Items listed in a dataset:
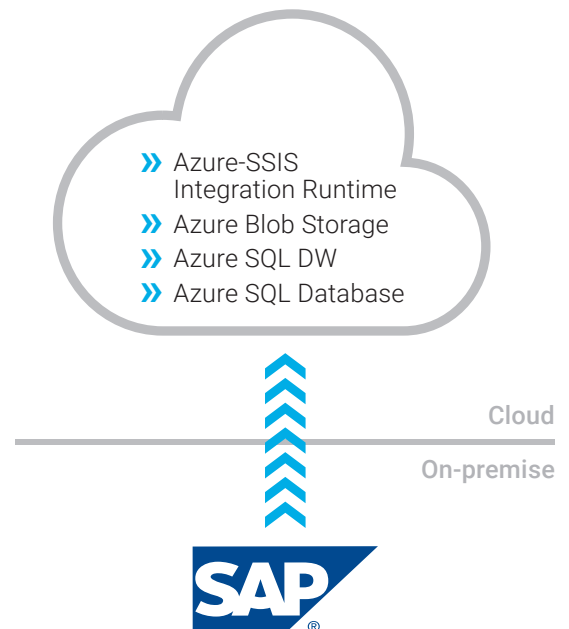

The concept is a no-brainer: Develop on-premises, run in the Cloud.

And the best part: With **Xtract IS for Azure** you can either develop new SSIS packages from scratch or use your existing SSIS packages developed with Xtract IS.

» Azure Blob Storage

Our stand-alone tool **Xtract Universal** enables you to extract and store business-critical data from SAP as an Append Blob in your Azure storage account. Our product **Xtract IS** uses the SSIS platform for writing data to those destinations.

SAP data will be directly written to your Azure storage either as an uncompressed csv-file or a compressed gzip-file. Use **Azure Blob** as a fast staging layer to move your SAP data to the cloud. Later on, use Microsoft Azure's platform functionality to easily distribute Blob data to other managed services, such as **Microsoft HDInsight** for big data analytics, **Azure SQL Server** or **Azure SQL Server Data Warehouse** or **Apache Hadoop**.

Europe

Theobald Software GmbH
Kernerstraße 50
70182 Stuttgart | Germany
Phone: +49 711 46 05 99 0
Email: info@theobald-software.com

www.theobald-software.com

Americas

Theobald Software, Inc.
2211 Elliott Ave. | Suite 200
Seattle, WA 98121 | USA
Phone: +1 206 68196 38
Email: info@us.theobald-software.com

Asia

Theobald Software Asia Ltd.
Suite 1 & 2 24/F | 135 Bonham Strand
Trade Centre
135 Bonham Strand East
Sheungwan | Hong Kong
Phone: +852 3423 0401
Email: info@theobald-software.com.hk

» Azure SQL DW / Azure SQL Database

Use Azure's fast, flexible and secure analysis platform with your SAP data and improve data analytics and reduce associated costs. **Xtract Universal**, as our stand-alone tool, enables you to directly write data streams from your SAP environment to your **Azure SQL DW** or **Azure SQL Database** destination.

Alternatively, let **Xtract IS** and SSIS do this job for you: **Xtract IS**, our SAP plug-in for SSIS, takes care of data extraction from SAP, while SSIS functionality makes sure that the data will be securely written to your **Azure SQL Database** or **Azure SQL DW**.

--

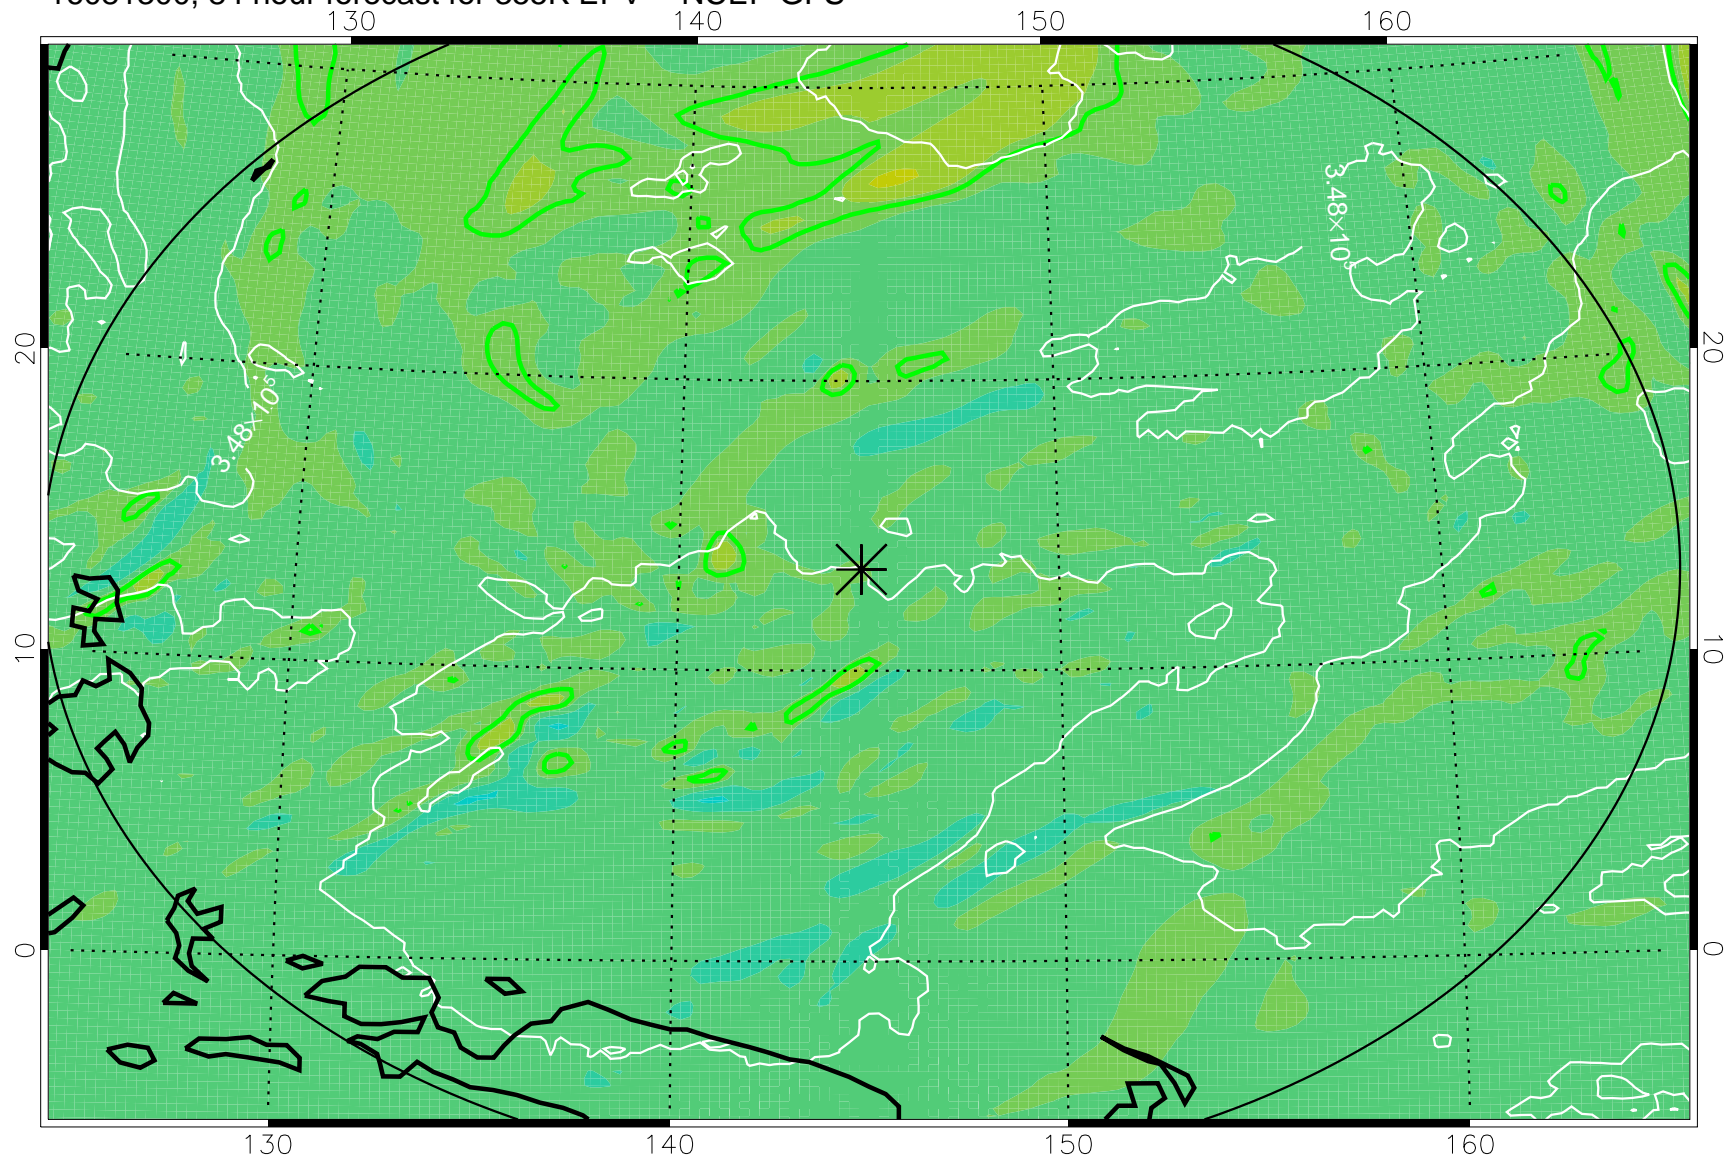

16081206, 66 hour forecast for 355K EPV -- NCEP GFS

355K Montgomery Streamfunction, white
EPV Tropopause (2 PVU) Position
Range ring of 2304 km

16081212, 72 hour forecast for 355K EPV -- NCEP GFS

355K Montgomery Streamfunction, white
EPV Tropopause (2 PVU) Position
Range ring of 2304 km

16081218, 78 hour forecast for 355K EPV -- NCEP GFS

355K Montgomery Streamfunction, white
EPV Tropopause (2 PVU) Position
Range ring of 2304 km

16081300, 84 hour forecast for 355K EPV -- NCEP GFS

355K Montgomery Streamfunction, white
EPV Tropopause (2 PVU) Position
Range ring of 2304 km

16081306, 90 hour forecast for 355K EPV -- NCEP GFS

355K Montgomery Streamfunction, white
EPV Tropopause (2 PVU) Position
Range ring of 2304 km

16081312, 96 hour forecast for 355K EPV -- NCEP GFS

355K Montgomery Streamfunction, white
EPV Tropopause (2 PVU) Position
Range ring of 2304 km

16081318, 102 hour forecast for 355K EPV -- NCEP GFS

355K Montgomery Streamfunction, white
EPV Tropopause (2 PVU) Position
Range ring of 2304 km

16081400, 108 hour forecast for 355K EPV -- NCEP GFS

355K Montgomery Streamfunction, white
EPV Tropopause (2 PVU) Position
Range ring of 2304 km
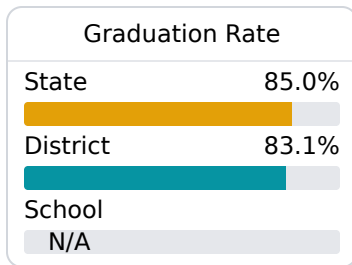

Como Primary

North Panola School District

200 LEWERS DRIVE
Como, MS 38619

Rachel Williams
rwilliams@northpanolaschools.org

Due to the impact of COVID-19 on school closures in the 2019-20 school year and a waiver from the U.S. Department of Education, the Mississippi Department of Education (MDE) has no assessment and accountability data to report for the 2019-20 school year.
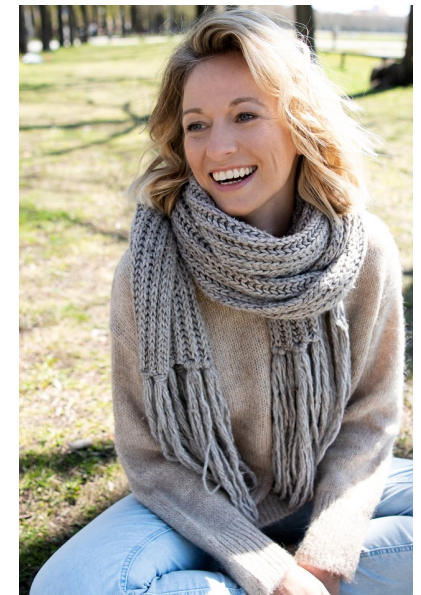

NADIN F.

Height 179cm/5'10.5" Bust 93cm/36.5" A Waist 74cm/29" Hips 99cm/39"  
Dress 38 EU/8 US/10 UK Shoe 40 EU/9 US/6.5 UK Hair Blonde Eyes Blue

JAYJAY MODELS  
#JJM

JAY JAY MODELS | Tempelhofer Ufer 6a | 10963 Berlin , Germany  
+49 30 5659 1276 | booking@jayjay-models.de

What you will do
Repeat the entries above verbatim, but only from the line that has "The concept is" down to the line that has "Phone: +852 3423 0401", inclusive.

Response area
The concept is a no-brainer: Develop on-premises, run in the Cloud.

And the best part: With **Xtract IS for Azure** you can either develop new SSIS packages from scratch or use your existing SSIS packages developed with Xtract IS.

» Azure Blob Storage

Our stand-alone tool **Xtract Universal** enables you to extract and store business-critical data from SAP as an Append Blob in your Azure storage account. Our product **Xtract IS** uses the SSIS platform for writing data to those destinations.

SAP data will be directly written to your Azure storage either as an uncompressed csv-file or a compressed gzip-file. Use **Azure Blob** as a fast staging layer to move your SAP data to the cloud. Later on, use Microsoft Azure's platform functionality to easily distribute Blob data to other managed services, such as **Microsoft HDInsight** for big data analytics, **Azure SQL Server** or **Azure SQL Server Data Warehouse** or **Apache Hadoop**.

Europe

Theobald Software GmbH
Kernerstraße 50
70182 Stuttgart | Germany
Phone: +49 711 46 05 99 0
Email: info@theobald-software.com

www.theobald-software.com

Americas

Theobald Software, Inc.
2211 Elliott Ave. | Suite 200
Seattle, WA 98121 | USA
Phone: +1 206 68196 38
Email: info@us.theobald-software.com

Asia

Theobald Software Asia Ltd.
Suite 1 & 2 24/F | 135 Bonham Strand
Trade Centre
135 Bonham Strand East
Sheungwan | Hong Kong
Phone: +852 3423 0401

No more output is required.